My D1-4 system had a similar problem the first time the chuck was removed. One of the cams was very difficult to loosen. Someone at the factory must have forced the cam because it was seriously gouged. Two of the cams were replaced on warranty.



Also, I would recommend that you only use a well fitting wrench in the cams. The factory wrench was not a good fit in my cams which ended up damaging the socket. So I made up a new one.



When installing a chuck on the spindle hold the chuck square to the spindle. The cams should all turn very easily to the first mark.
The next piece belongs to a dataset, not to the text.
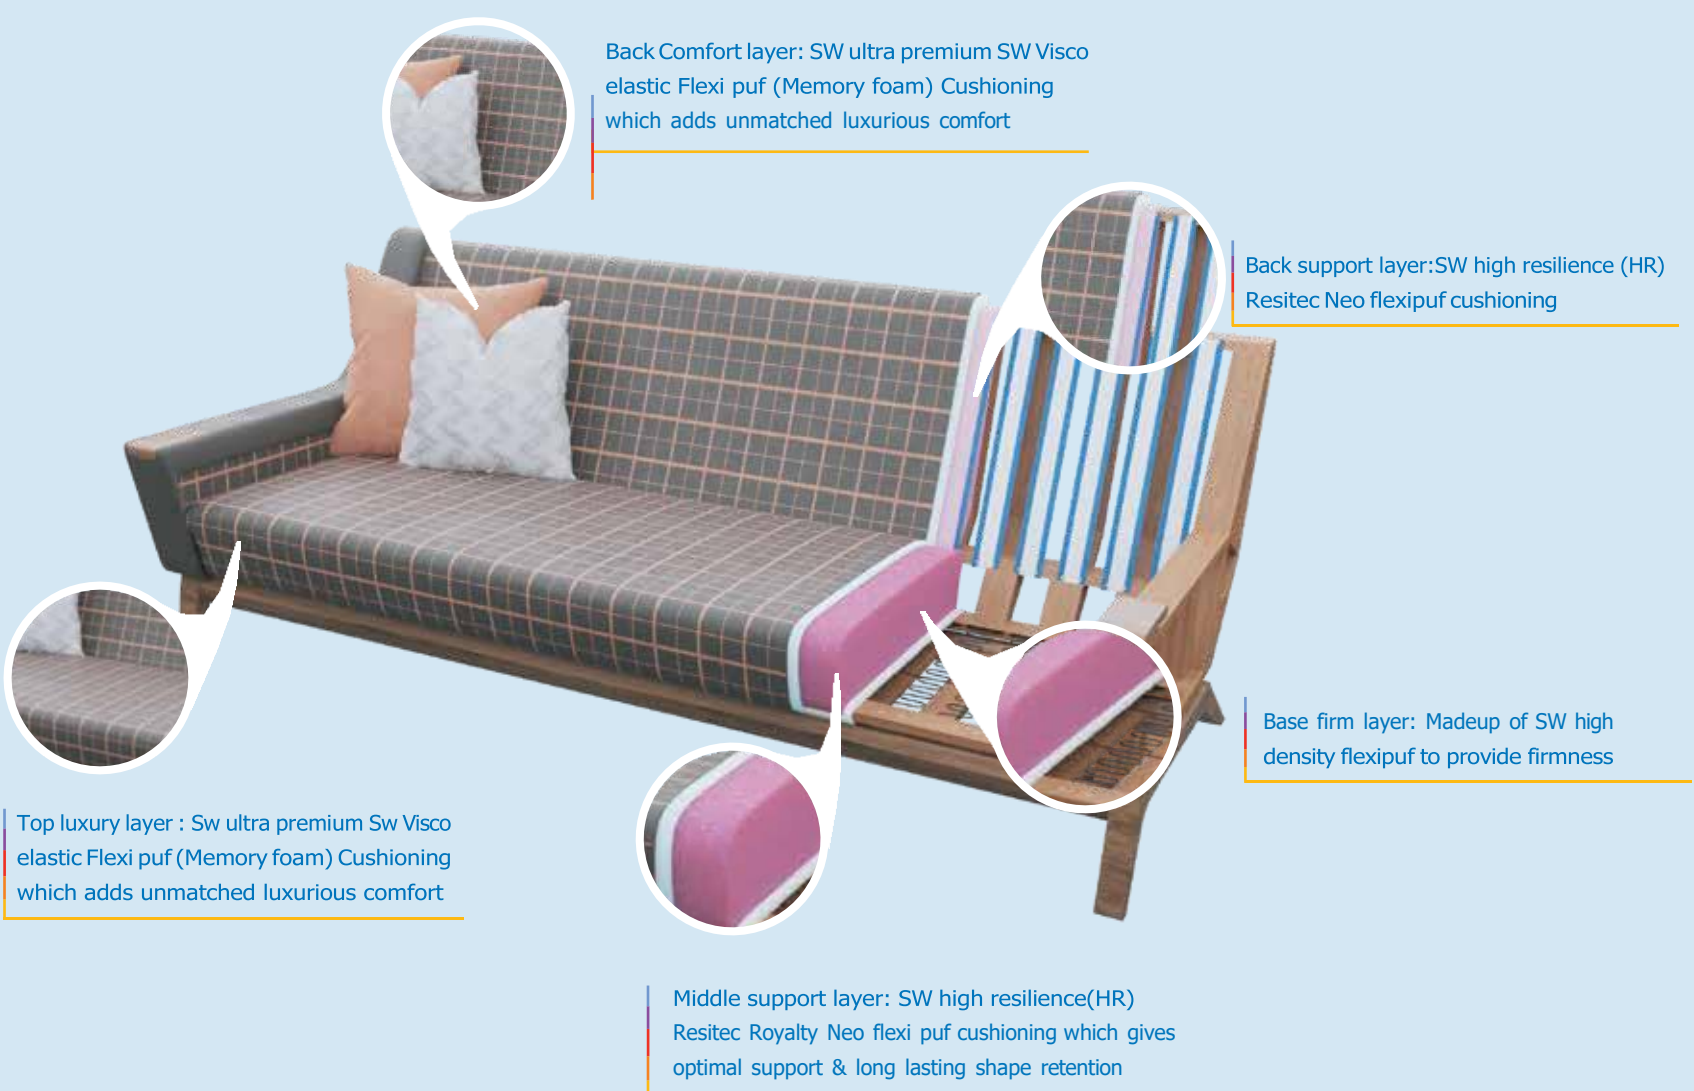

Sectional Views

Transformed into innovation from fusion Desin "Bristol", maintaining the quilted look as the need of the interior this modern version of camel back, combining elements make this Howard a very special sofa, just by modifying the back the whole look got evolved, and that is the advantage of innovation & renovation. Without much ado, another epitome of luxury gets recreated. Soft colour palette also gives a soothing touch to the space.

Checkmate Sectional View

Once all three cams are at the first mark go around the cams to pull the chuck in as evenly as possible.


----------



## Aukai (Feb 7, 2020)

Just got home from a get together with my daughter, and her friends who are visiting from America for a nursing/RT conference at Poi Pu.
A good time was had by all.....
Fried Akule
Papya seed shrimp
garlic seasoned shrimp
smoked meat(pork)
baked chicken
barbecue chicken
eggplant with onions
and several deserts

Hey Toz, all of the locks were pristine.


----------



## mikey (Feb 7, 2020)

Aukai said:


> Just got home from a get together with my daughter, and her friends who are visiting from America for a nursing/RT conference at Poi Pu.
> A good time was had by all.....
> Fried Akule
> Papya seed shrimp
> ...



For those of you who have never been to a Hawaii-style potluck, this is what it's like - you bring the best you know how to make. It's about respect for the people you are with, pride in your cooking and Aloha for the group. Small wonder that some of us eat until we get sleepy or pass out!


----------



## Aukai (Feb 7, 2020)

Hawaiian paralysis.....


----------



## middle.road (Feb 7, 2020)

I think you guys have to get a couple of web cams setup that point out of your shops, showing us what decent weather is...
Don't need beach, just what going from the house to the shop looks like in paradise.   


mikey said:


> Yes, you can tilt the head to cut the angles if your mill is capable of that. I prefer a tilting angle table because it is very fast, accurate, solid and it let's me get away without having to re-tram the head to vertical.





mikey said:


> For those of you who have never been to a Hawaii-style potluck, this is what it's like - you bring the best you know how to make. It's about respect for the people you are with, pride in your cooking and Aloha for the group. Small wonder that some of us eat until we get sleepy or pass out!





Aukai said:


> Hawaiian paralysis.....


----------



## Aukai (Feb 7, 2020)

Here you go. 12:16 it just hit 70*


----------



## mmcmdl (Feb 7, 2020)

Morning Mike . ( for me ) Looks like a great day for some turning over there .


----------



## Aukai (Feb 7, 2020)

Slow moving, it's cold.....


----------



## mmcmdl (Feb 7, 2020)

Lol .


----------



## Aukai (Feb 7, 2020)

I thought you would like that.....


----------



## Aukai (Feb 7, 2020)

OK, today's project was to center my Ajust-Tru Buck chuck. I tightened a 3/4" end mill shank in the 3 jaw with enough sticking out to run the indicators on, one plunger, and one DTI. I slacked the front bolts, and adjusted the side socket heads to .0004 TIR, tightened the front socket heads and maintained the TIR. Did I do this right, and should I try for perfect? I have a feeling some of you might. Thanks for following along. Another question, what size is the chuck key?


----------



## mmcmdl (Feb 7, 2020)

You could but really not necessary . Dial it in perfect if you have a second operation on your part .


----------



## Aukai (Feb 7, 2020)

I had it about here one time, and chased it, I guess it's by finesse that I still have to work on. Changing the tension a little moves it pretty good.


----------



## mmcmdl (Feb 7, 2020)

I doubt you'll be trying to hold .0005 TIR in the near future , so don't worry about it . When the need arrives , dial it in perfect to the part . The TIR will not remain the same at different diameters to begin with . That's why we bore soft jaws .


----------



## Aukai (Feb 7, 2020)

OK, good exercise.....


----------



## darkzero (Feb 7, 2020)

Aukai said:


> Hawaiian paralysis.....



Same as kanak attack?


----------



## Aukai (Feb 7, 2020)

AKA


----------



## mikey (Feb 8, 2020)

mmcmdl said:


> I doubt you'll be trying to hold .0005 TIR in the near future , so don't worry about it . *When the need arrives , dial it in perfect to the part . The TIR will not remain the same at different diameters to begin with *. That's why we bore soft jaws .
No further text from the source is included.